Task to complete — An exact retyping of all lines below is the answer; pictures do not belong in it.

Data excerpts:

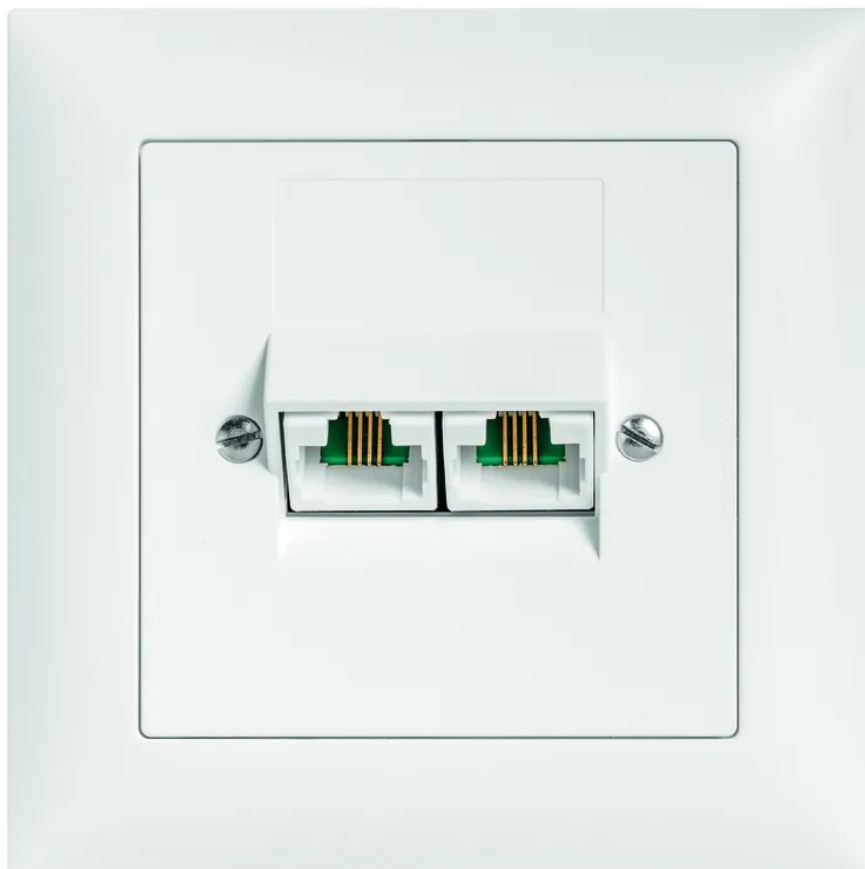

EDIZIOdue Presa da inc. 2xRJ45 ITplus separato non schermato bi

N. articolo 13 D6890 2
Codice EAN: 7611386827629

Descrizione del

Capitolati

Typ	Datendose ITplus
Marke	EDIZIOdue
Modell	2x RJ45 ungeschirmt
Montageart	Unterputz
Anzahl Steckdosen	2
Steckdosentyp	RJ45 8(4) ungeschirmt
Erhöhter Berührungsschutz	Nein
Anschlussart	Schraubklemmen
Einbautiefe	29 mm
Produktfarbe	Weiss
Hauptwerkstoff	Thermoplast
Halogenfrei	Ja
UV-beständig	hohe Beständigkeit
Verwendung	Innen
Schutzart	IP20
Einsatztemperaturbereich	-20...+60 °C
Sicherheitsfunktionen	Know-how und Produktion in Horgen
Zusatzfunktionen	getrennt
Produkthöhe	88 mm
Produktbreite	88 mm
Produkttiefe	40 mm
Gewicht netto	0.070 Kg
Verpackungsart	offen

Result of the exercise —
EDIZIOdue Presa da inc. 2xRJ45 ITplus separato non schermato bi

N. articolo 13 D6890 2
Codice EAN: 7611386827629

Descrizione del

Capitolati

Typ	Datendose ITplus
Marke	EDIZIOdue
Modell	2x RJ45 ungeschirmt
Montageart	Unterputz
Anzahl Steckdosen	2
Steckdosentyp	RJ45 8(4) ungeschirmt
Erhöhter Berührungsschutz	Nein
Anschlussart	Schraubklemmen
Einbautiefe	29 mm
Produktfarbe	Weiss
Hauptwerkstoff	Thermoplast
Halogenfrei	Ja
UV-beständig	hohe Beständigkeit
Verwendung	Innen
Schutzart	IP20
Einsatztemperaturbereich	-20...+60 °C
Sicherheitsfunktionen	Know-how und Produktion in Horgen
Zusatzfunktionen	getrennt
Produkthöhe	88 mm
Produktbreite	88 mm
Produkttiefe	40 mm
Gewicht netto	0.070 Kg
Verpackungsart	offen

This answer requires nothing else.